**Your instructions:**
Report back each line of the data that contains the word "wzorów".

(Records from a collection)
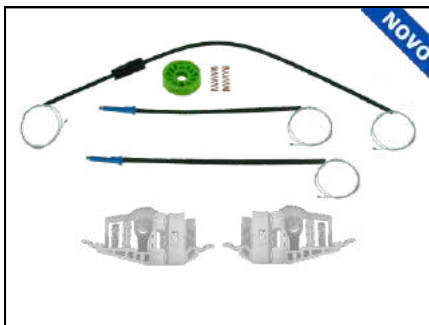

CÓD 2187 - STILO
4P PORTAS DIANTEIRAS LE/LD
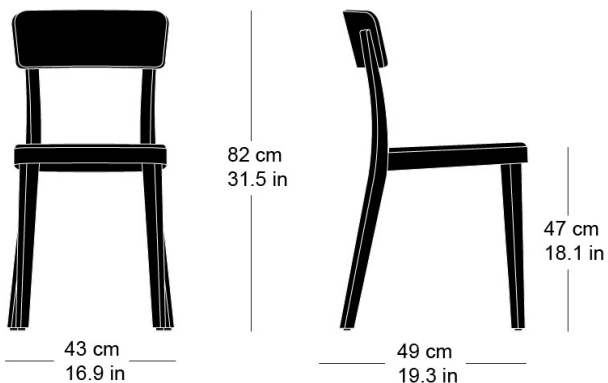

L43, P49, H82, HAss47

Studio Hannes Wettstein, 2012

3D upholstered seat, back, rear legs and seat frame of
solid bentwood

W43, D49, H82, SH47

Varianten / variantes / variants

Icon
1-340

Technische Angaben / specifications / specifications**Masse / mesure / measure**

Gewicht / ponds / weight 4.8 kg 9.6 lb

Polsterung / rembourrage /
upholstery ja / oui / yes

icon 1-343

Holzarten / types de bois / types of wood

Belag / revêtement / surface

Buche natur	BN 000 AM
Beech natural	BN 000 AM
Hêtre naturel	BN 000 AM
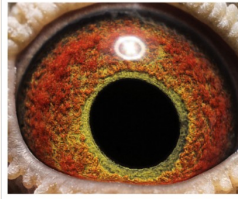

DV-07744-24-308
oryg. Ullrich Franssander
(100% Jelle Jelema)
linia "Romee", "Spezial One"

(0:1)

pradziadek

prababcia

pradziadek

babcia

wygenerowano z systemu
naszehodowle.pl

pradziadek
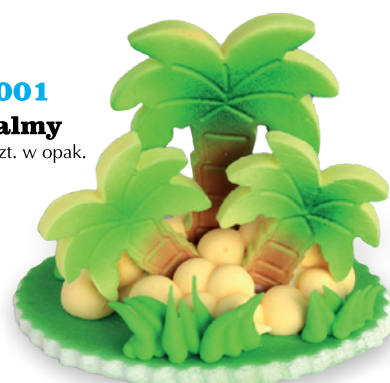

Figurki bajkowe – smok
mix kolorów 15 szt. w opak.

017/M

Figurki bajkowe – Afryka
mix wzorów 15 szt. w opak.

55

40

3001

Palmy
4 szt. w opak.

75

85

35

1717

Figurki bajkowe
15 szt. w opak.

018
Figurka duża
tygrys, miś, kot, żółw, pingwin, żaba, wiewiórka, słoń, pies, kaczką, lub mix wzorów
10 szt. w opak.

055
Rocznice dla dzieci od 1 do 10
1 szt. w opak.
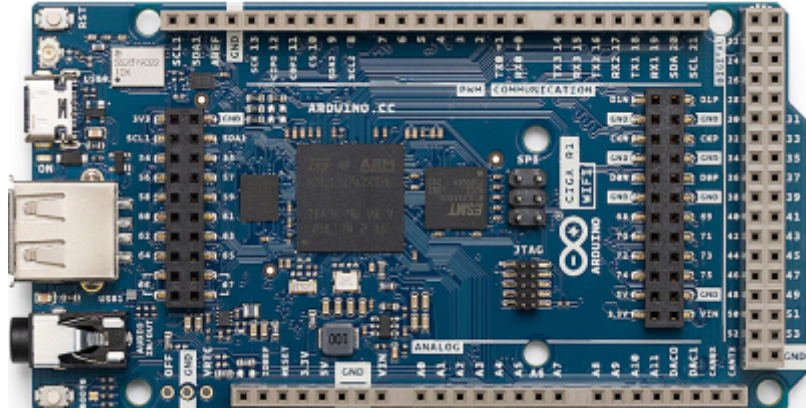

Saison 2025 - 2026

UNOQ{{ :start:arduino:capture_d_ecran_du_2025-11-02_13-20-49.png?direct&300 |}}

From:

<https://www.fablab37110.chanterie37.fr/> - **Castel'Lab le Fablab MJC de Château-Renault**

Permanent link:
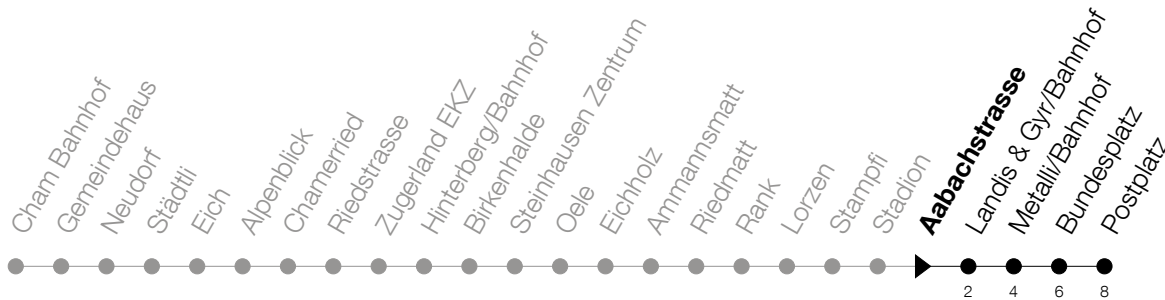

Abfahrtszeiten Haltestelle: **Aabachstrasse**

Gültig von 13.12.2020 bis 11.12.2021

h	Montag - Freitag	Samstag	Sonntag
5	42 57	42 57	45 ^A
6	12 27 42 57	12 27 42 57	15 45
7	12 27 42 57	12 27 42 57	15 45
8	12 27 42 57	12 27 42 57	15 47
9	12 27 42 57	12 27 42 57	02 _A 17 32 _A 47
10	12 27 42 57	12 27 42 57	02 _A 17 32 _A 47
11	12 27 42 57	12 27 42 57	02 _A 17 32 _A 47
12	12 27 42 57	12 27 42 57	02 _A 17 32 _A 47
13	12 27 42 57	12 27 42 57	02 _A 17 32 _A 47
14	12 27 42 57	12 27 42 57	02 _A 17 32 _A 47
15	12 27 42 57	12 27 42 57	02 _A 17 32 _A 47
16	12 27 42 57	12 27 42 57	02 _A 17 32 _A 47
17	12 27 42 57	12 27 42 57	02 _A 17 32 _A 47
18	12 27 42 57	12 27 42 57	02 _A 17 45
19	12 27 42 57	12 27 42 57	15 45
20	12 27 42 57	12 45	15 45
21	12 27 42 57	15 45	15 45
22	12 45	15 45	15 45
23	15 45	15 45	15 45
0	15 45	15 45	15

^A : verkehrt nur am 3. Juni, 1. November und 8. Dezember^A : Verkehrt ab Metalli/Bhf weiter als Linie 11 bis Zug, Schönegg

Am 25.12./26.12./01.01./02.01./02.04./05.04./13.05./24.05./03.06./01.11./08.12. gilt der Sonntagsfahrplan
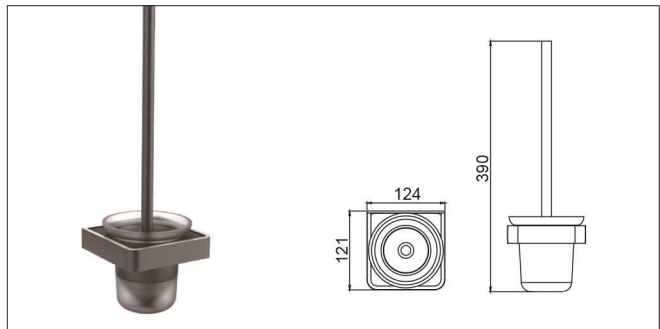

S077 | هولدر جای برس توالت چسبی رنگ نوک مدادی سری H
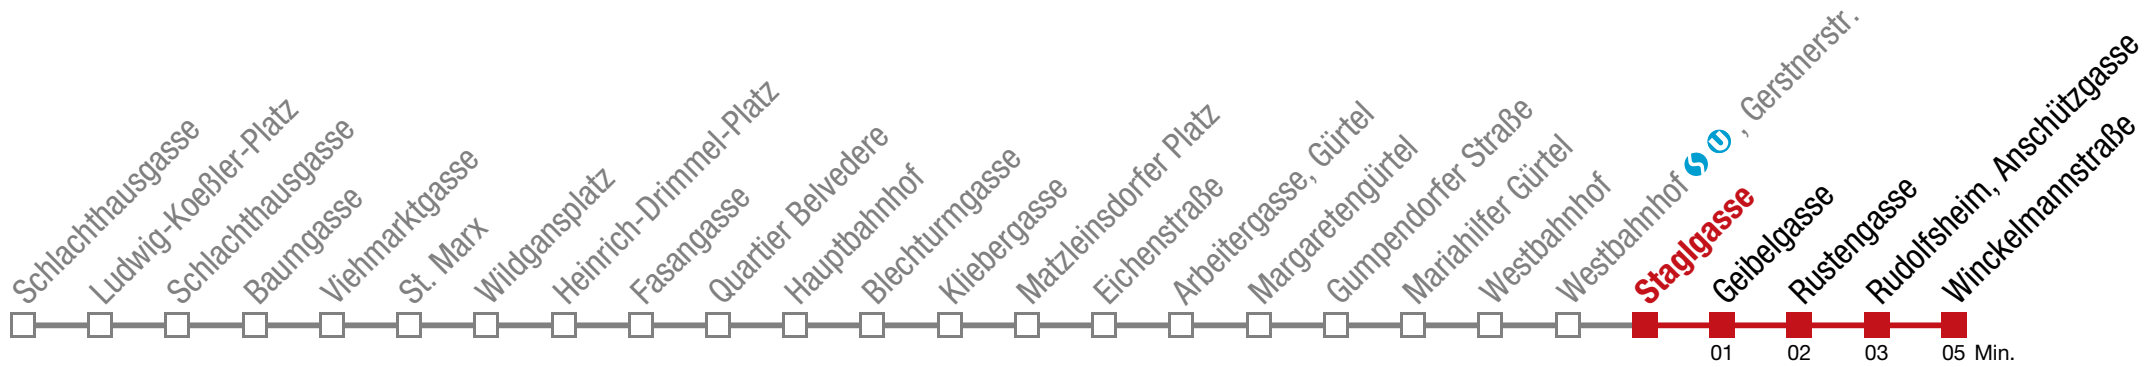

18 Winckelmannstraße

Sonntag (19.04.)

0 05 44

Einschränkungen aufgrund des Vienna City Marathons

**Result of the exercise:**
mix wzorów 15 szt. w opak.
tygrys, miś, kot, żółw, pingwin, żaba, wiewiórka, słoń, pies, kaczką, lub mix wzorów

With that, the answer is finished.